Further, as the ultraviolet absorber or light stabilizer, a reactive ultraviolet absorber or light stabilizer having a polymerizable group such as a (meth) acryloyl group in the molecule can be used. Moreover, it can also be copolymerized and used to such an extent that the performance (scratch resistance and three-dimensional moldability) as a surface protective layer of the polymer of this invention is not impaired.

(Formation of surface protective layer)
Formation of the surface protective layer 16 can be obtained by preparing a coating liquid containing the above-mentioned ionizing radiation curable resin composition, applying it, and crosslinking and curing it.
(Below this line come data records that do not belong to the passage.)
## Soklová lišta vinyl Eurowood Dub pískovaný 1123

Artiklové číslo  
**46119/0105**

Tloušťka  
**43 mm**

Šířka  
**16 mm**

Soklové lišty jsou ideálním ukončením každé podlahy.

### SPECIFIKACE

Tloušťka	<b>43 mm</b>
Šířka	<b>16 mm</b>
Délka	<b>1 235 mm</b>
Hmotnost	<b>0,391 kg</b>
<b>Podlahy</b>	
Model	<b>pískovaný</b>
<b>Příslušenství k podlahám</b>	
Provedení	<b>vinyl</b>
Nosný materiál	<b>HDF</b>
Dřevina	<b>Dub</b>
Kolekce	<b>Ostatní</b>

In addition, the viscosity of a coating liquid should just be a viscosity which can form a non-hardened resin layer on the surface of a base material by the below-mentioned coating system, and there is no restriction | limiting in particular.
In the present invention, the prepared coating solution is cured on the base film layer 11, the first pattern layer 12, the transparent resin film layer 13 or the primer layer 14 on which the second pattern layer 15 is formed. The uncured resin layer is formed by coating by a known method such as gravure coating, bar coating, roll coating, reverse roll coating, comma coating, preferably gravure coating, so that the thickness becomes 1 to 1000 μm.
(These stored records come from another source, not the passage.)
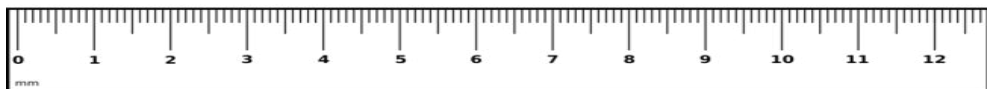

Запорізька меблева фабрика «Pehotin»
Made in Ukraine by «Pehotin»

Стіл «Кредо» Desk «Credo»

Д-1166, Ш-480, В-920, мм.

L-1166, W-480, H-920, mm.

Інструкція збірки
Assembly instruction

1

pehotin@gmail.com
pehotin.com.ua

«Кредо»/«Credo»

№	довжина(мм) length(mm)	ширина(мм) width(mm)	кіль. qty.
1.	600**	250**	1
2.	900**	470**	1
3.	154**	250	1
4.	900**	250	1
5.	250**	234	3
6.	487**	294**	1
7.	730*	450	1
8.	676	330	1
9.	300*	430	1

№	довжина(мм) length(mm)	ширина(мм) width(mm)	кіль. qty.
10	300*	450	1
11	730*	450	1
12	550**	200	1
13	730*	450	1
14	300	70	1
15	334*	100	2
16	276*	100	1
17	146**	294**	1
18	274	355	1

1.

3

2.

3.

4

4.

5.

5

6.

5.

 x1	 x2	 2x	 8x
 H	 L L=350MM	 2x	 B2 1x

In the present invention, the surface-protecting layer 16 is formed by irradiating the thus formed uncured resin layer with ionizing radiation such as an electron beam and ultraviolet rays to cure the uncured resin layer. Here, when an electron beam is used as the ionizing radiation, the acceleration voltage can be appropriately selected according to the resin used and the thickness of the layer, but the uncured resin layer is usually cured at an acceleration voltage of about 70 to 300 kV. preferable.
In electron beam irradiation, the transmission capability increases as the acceleration voltage increases. Therefore, when using a base material that deteriorates due to an electron beam as the base film layer 11, the penetration depth of the electron beam and the resin layer By selecting the accelerating voltage so that the thicknesses are substantially equal, it is possible to suppress the irradiation of the extra electron beam to the base film layer 11 and minimize the deterioration of the base material due to the extra electron beam. You can stay.
The irradiation dose is preferably such that the crosslink density of the resin layer is saturated, and is usually selected in the range of 5 to 300 kGy (0.5 to 30 Mrad), preferably 10 to 50 kGy (1 to 5 Mrad).
Further, the electron beam source is not particularly limited. For example, various electron beam accelerators such as a cockroft Walton type, a bandegraft type, a resonant transformer type, an insulated core transformer type, a linear type, a dynamitron type, and a high frequency type. Can be used.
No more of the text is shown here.